I think this feature could be quite useful on tiny (havard) 8 bit
micros, where you squeeze the best out of a very limited code space.

Marc

Re: Branch delay slot on MIPS32 processors

Quoted text here. Click to load it

OUCH!

Branch delay slots have problems:

a) They expose, and thereby tie you to, a particular microarchitectural
implementation.

a) How long should they be? On a 4-issue superscalar version of the
architecture, you'd want 4, 8 or even 12 instructions if you want to
avoid pipeline bubbles.

Terje

--
"almost all programming can be viewed as an exercise in caching"

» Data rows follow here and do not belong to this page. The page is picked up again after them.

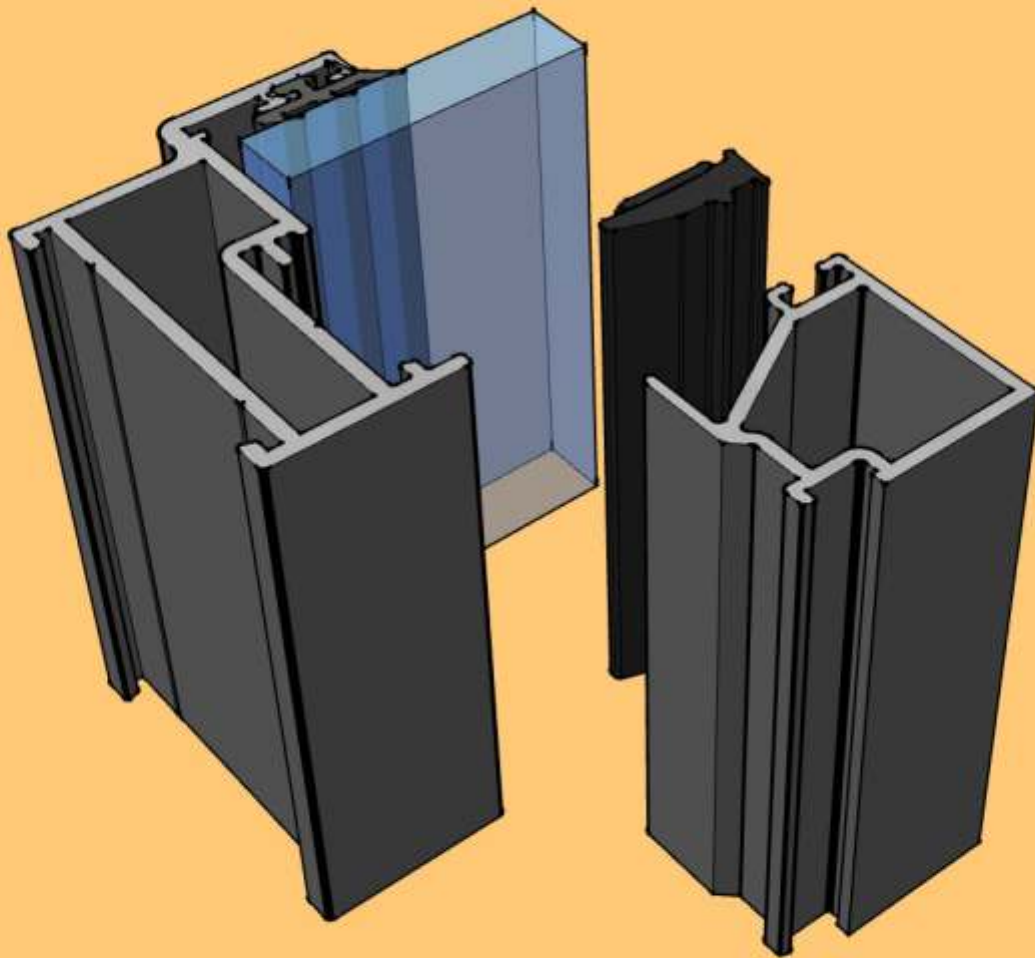

Internal Screens

Assembly Guide

DURATION
WINDOWS

Heritage Internal Screens

Introduction

Intended for internal use only, the system has no drainage and requires little assembly on site.

Hinged doors will be provided with a screwed in temporary wooden threshold (to keep secure in transit) which needs removal on site.

All fixing screws shall be suitable for the structure and the application. Please refer to relevant parts of BS 8213-4 for installation guidance.

All products should be fitted plum, level and square.

Duration Windows reserve the right to make changes to the product specifications as technical developments dictate, and without prior notice. Pictures shown are for illustrative purposes and are not binding in detail, colour or specification.

Re: Branch delay slot on MIPS32 processors

Quoted text here. Click to load it

(snip)

Quoted text here. Click to load it

I was reading a thread, at least farther down on my news reader, called
"Simplified forwarding".

I was then remembering a discussion some years ago on branch delay slots,
and the problem of how many cycles (or instructions) are needed.  A thought
I came up with was to add a field (yes, there are always not enough bits) to
the branch instructions for how many delay slot instructions there should
be.   Maybe two bits for 0, 1, 2, 4, for example.

The compiler could determine how many instructions it could possibly execute
in the delay slot and move them there.  If the hardware only needed one,
nothing would be lost.

It would be interesting to know, for compiler generated code, how many
instructions could possibly be moved into delay slots.   Code containing
small loops would not have so many instructions available to move.

-- glen



Re: Branch delay slot on MIPS32 processors

Quoted text here. Click to load it

Another idea: always make it eight instructions but include a version of
NOP with an immediate field that says how many NOPs it really stands for.

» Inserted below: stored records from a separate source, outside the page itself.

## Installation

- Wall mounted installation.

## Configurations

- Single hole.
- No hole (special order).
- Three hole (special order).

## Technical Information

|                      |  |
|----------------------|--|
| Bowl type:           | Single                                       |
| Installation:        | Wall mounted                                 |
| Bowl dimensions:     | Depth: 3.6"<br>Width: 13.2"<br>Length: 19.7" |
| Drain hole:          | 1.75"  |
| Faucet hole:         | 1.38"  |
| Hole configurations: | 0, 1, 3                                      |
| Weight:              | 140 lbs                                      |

(apologies to TMS320C6000)

-Peter

Re: Branch delay slot on MIPS32 processors

Quoted text here. Click to load it

Yet another idea: add a bit in the instruction encoding to signify the
end of the delay slot. Compilers would generate delay slots as long as
is possible and the processor can take advantage of them as needed.

--
Wishing you good fortune,
--Robin Kay-- (komadori)


Re: Branch delay slot on MIPS32 processors
Quoted text here. Click to load it

At that point, you might consider that bit as explicit termination of a
group of instructions that can be executed in parallel, so the processor
doesn't have to check dependencies...

Even better, we could separate the branch decision from the jump point
entirely, removing the need for speculative execution or delay slots...

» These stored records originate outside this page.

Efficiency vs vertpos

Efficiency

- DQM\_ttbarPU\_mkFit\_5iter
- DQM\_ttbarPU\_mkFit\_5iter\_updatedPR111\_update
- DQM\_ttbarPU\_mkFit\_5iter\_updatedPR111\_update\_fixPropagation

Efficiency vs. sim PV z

Oh wait, that's already been done :)

S

--
Stephen Sprunk         "God does not play dice."  --Albert Einstein
CCIE #3723         "God is an inveterate gambler, and He throws the
We've slightly trimmed the long signature. Click to see the full one.
Re: Branch delay slot on MIPS32 processors

Quoted text here. Click to load it

Point taken ^_^', but perhaps arbitarily long delay slots could be
benificial on their own and without some of the
other 'features' you mention. Am I mistaken? I would not have thought
scheduling my long delay slots significantly more complex than slots
only a single instruction long.

--
Wishing you good fortune,
--Robin Kay-- (komadori)


Re: Branch delay slot on MIPS32 processors

Quoted text here. Click to load it
I've always wanted to do a "Prepare branch/jump" and "Do branch" type of
system. It feels like a logical extention to modern prefect instructions.

`Allan

Re: Branch delay slot on MIPS32 processors

Quoted text here. Click to load it

The delay slot instruction must be harmless to both paths. An STW
instruction often uses several clock cycles, it is not harmless
if the memory content is re-used soon and it's not clear how the
pipeline works in that case, e.g. you might have a non-blocking
load/store implementation or not.
So don't use memory access, coprocessor instructions, ..., and
take care about the registers you modify in the delay slot.

Typically the delay slot is used to update the stack pointer.
Or you can use it to otpimize algorithms in assembler.

Best regards, Mike...


Re: Branch delay slot on MIPS32 processors
snipped-for-privacy@gmx.net (Julia Groszark) writes:

Quoted text here. Click to load it

I believe that Dominic Sweetman's "See MIPS run" and/or Gerry Kane's
"MIPS RISC Architecture" should answer your questions.

Quoted text here. Click to load it

Putting the addiu in the delay slot should work perfectly. I cannot
say for sure; it has been too many years (7 and counting) since I last
worked with a MIPS processor.


--Kai

Re: Branch delay slot on MIPS32 processors
Quoted text here. Click to load it

There's some volumes of the MIPS32 spec at
http://www.ece.lsu.edu/ee3755/ref.html but the spec itself is quite
vague. If you want chapter and verse guarantees, I'm not sure you'll get
them.

You can get specs for specific implementations like 4Kc from
<http://www.mips.com/ of course.

But to me and my understanding of the MIPS pipeline, it makes sense
that a SW in a branch delay slot should be fine. Read the docs above
about the pipeline, and work it out for yourself what happens at
what stage if you like.

FWIW, playing with some code in GCC compiled with "mipsisa32-elf-gcc
-mips32", it generated stuff with the STW in the branch delay
slot.

Jifl
--
--[ "You can complain because roses have thorns, or you ]--
--[  can rejoice because thorns have roses." -Lincoln   ]-- Opinions==mine

Re: Branch delay slot on MIPS32 processors
snipped-for-privacy@gmx.net (Julia Groszark) writes:

Quoted text here. Click to load it

You can certainly do the ADDIU in the delay slot.  What you need to do is bias
the end condition, since you are doing the subtract after the test.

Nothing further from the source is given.